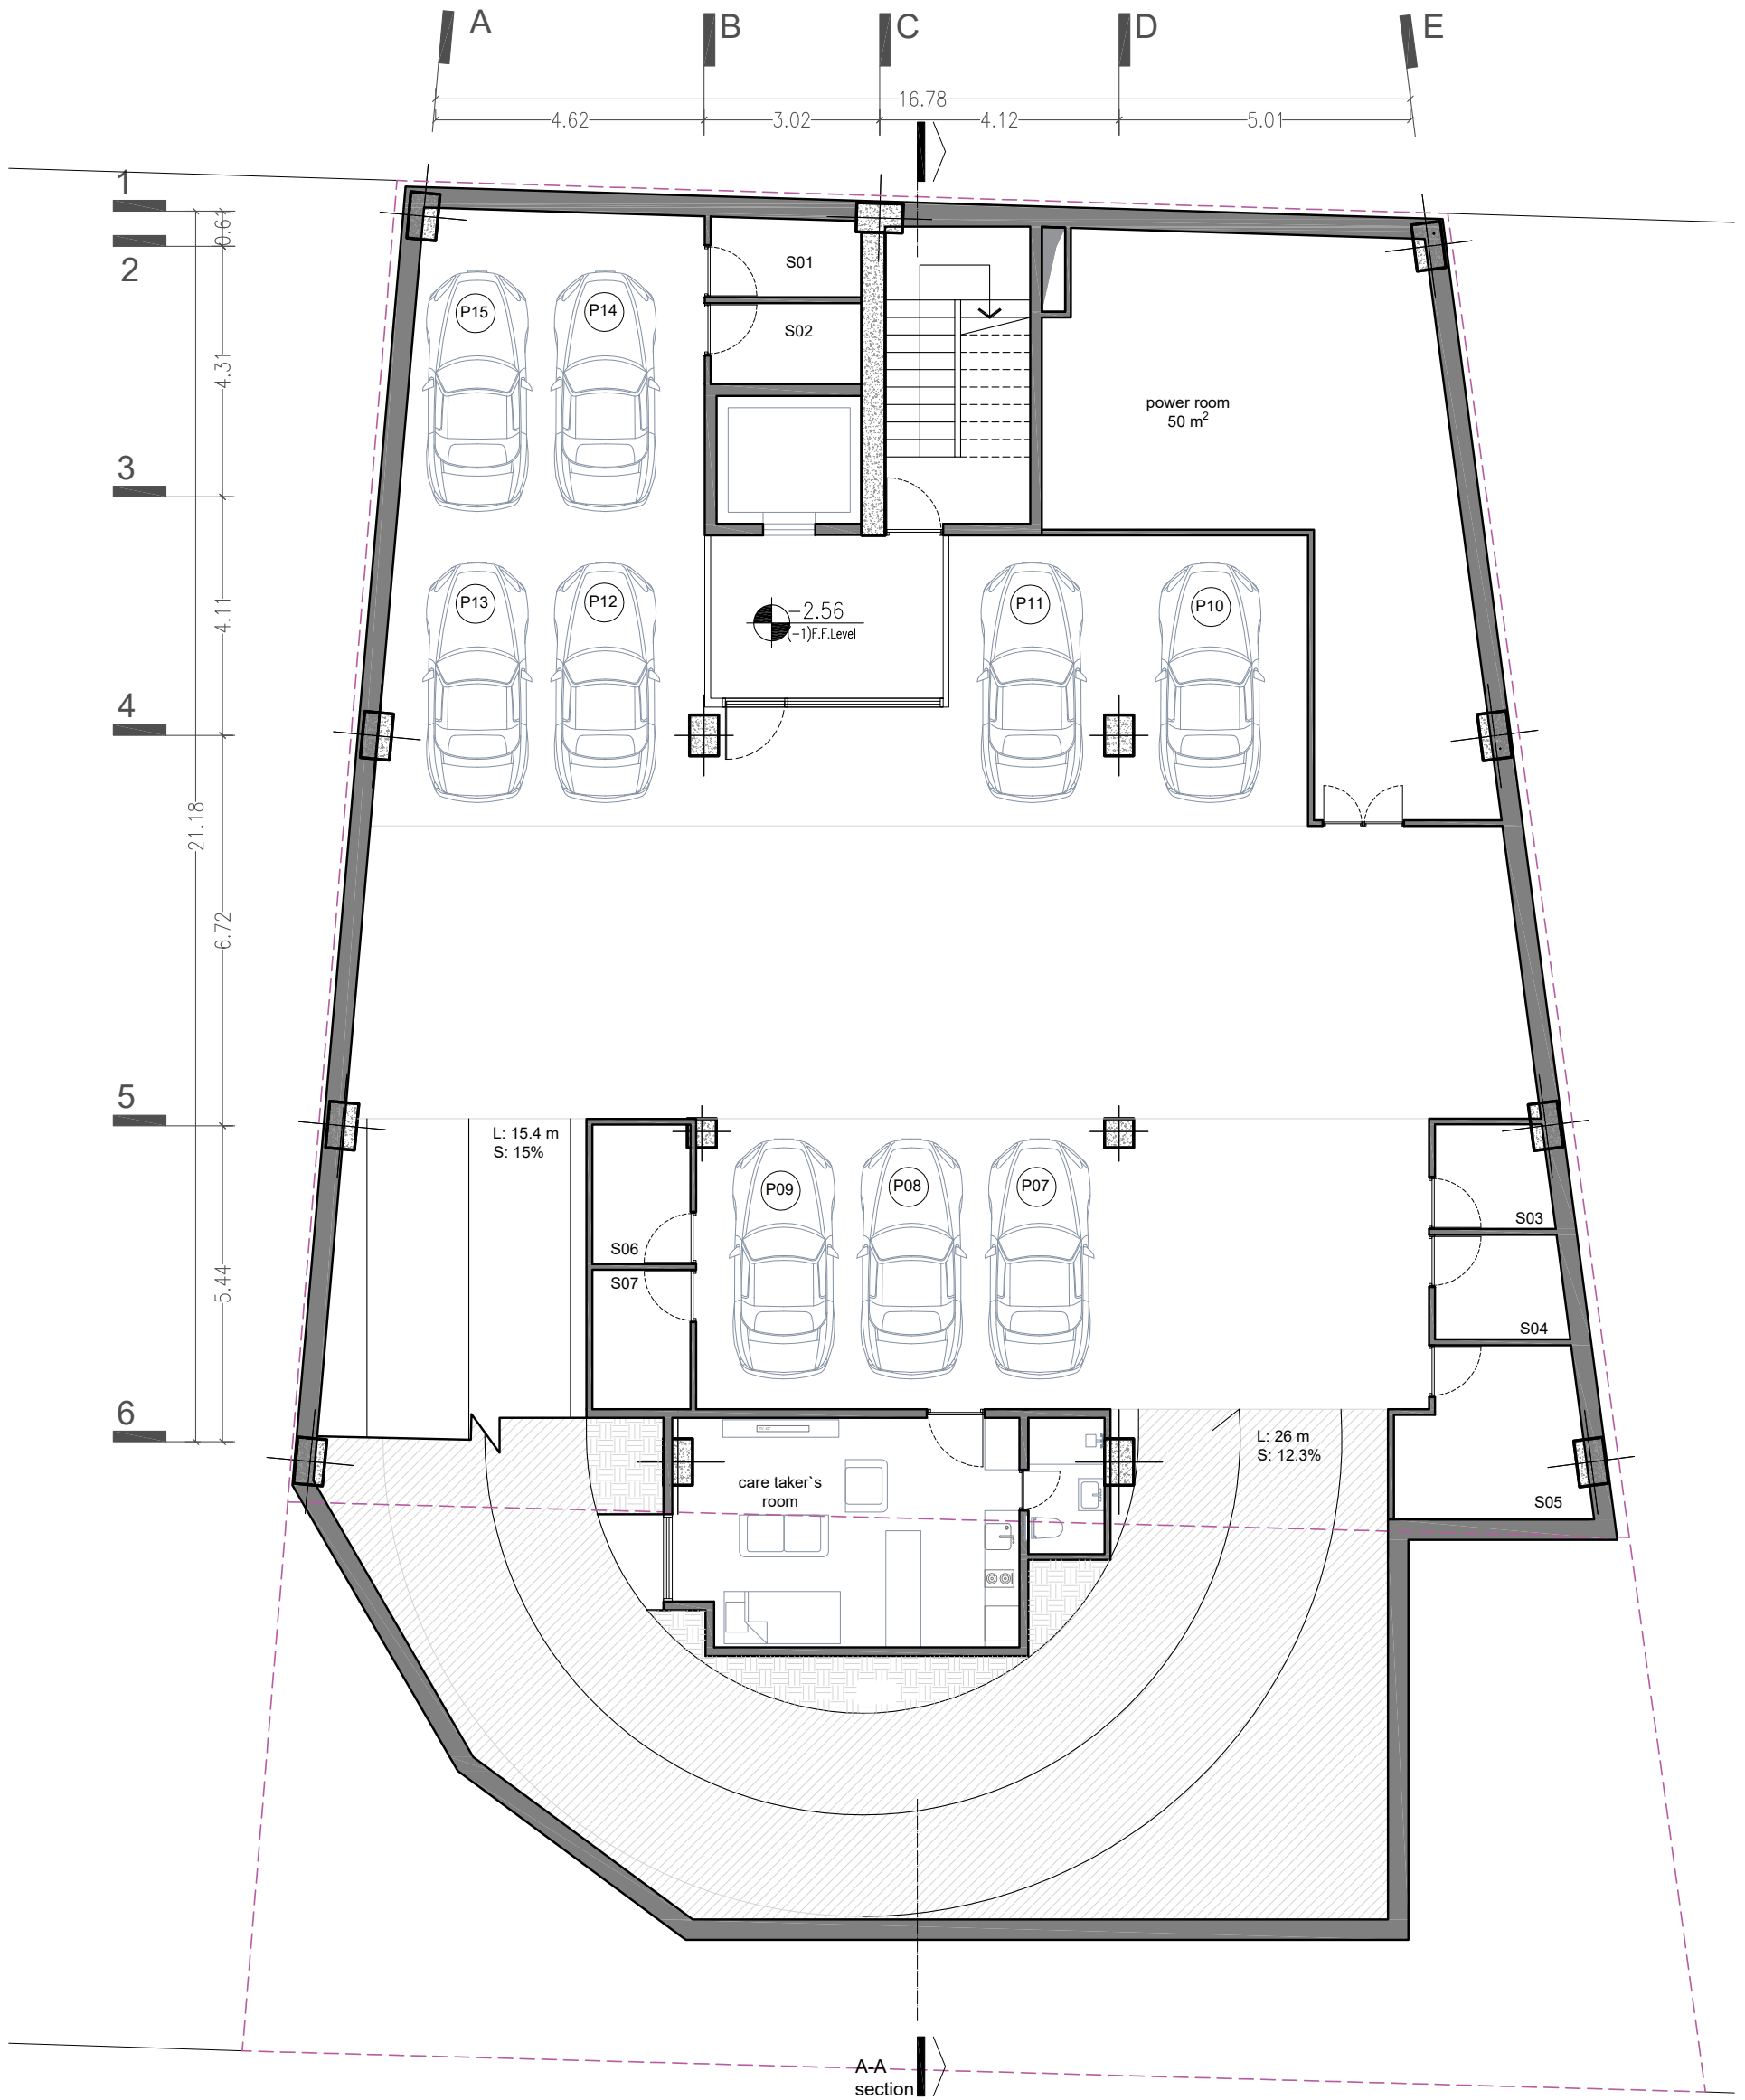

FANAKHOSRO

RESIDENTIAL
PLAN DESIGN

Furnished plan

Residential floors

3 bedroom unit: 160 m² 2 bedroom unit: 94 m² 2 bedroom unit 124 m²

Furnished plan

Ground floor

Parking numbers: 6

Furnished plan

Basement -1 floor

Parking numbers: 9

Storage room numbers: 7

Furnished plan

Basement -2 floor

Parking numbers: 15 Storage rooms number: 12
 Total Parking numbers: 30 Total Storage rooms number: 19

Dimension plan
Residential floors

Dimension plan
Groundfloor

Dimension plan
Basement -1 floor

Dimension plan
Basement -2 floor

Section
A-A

+ + +

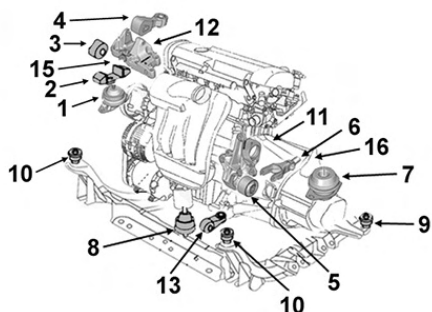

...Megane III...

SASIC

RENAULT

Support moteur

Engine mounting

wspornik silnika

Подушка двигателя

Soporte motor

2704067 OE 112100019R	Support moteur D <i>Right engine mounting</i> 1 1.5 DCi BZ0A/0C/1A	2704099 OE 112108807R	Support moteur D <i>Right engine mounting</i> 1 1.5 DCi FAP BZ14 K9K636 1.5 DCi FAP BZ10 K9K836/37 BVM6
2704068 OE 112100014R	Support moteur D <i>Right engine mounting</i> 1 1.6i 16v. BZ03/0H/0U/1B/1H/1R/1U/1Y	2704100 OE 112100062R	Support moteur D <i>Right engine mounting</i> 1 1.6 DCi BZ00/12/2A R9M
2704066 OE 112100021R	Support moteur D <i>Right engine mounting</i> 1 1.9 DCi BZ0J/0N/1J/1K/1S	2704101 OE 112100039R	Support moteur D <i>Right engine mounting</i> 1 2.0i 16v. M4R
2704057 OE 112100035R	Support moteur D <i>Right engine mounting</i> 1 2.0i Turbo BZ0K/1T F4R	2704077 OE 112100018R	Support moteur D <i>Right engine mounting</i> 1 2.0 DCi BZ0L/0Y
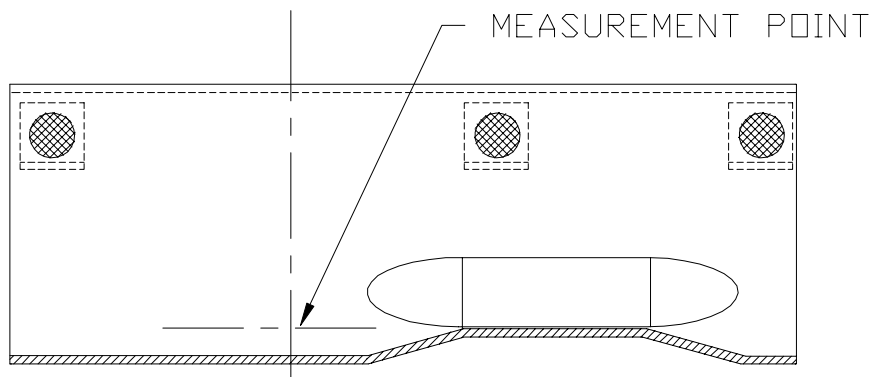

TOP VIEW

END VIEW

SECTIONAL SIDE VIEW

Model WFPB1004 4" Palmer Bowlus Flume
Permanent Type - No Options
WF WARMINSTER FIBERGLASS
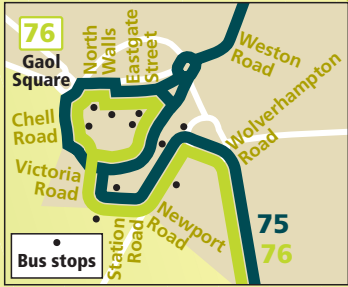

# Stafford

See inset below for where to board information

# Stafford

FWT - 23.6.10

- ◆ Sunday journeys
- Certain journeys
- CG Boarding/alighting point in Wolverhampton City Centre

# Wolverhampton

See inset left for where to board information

+ + +

◆ AIM OF THE EXERCISE: Find the word "where" in the entries above and gather every line that holds it.

◆ TASK RESPONSE:
See inset below for where to board information
See inset left for where to board information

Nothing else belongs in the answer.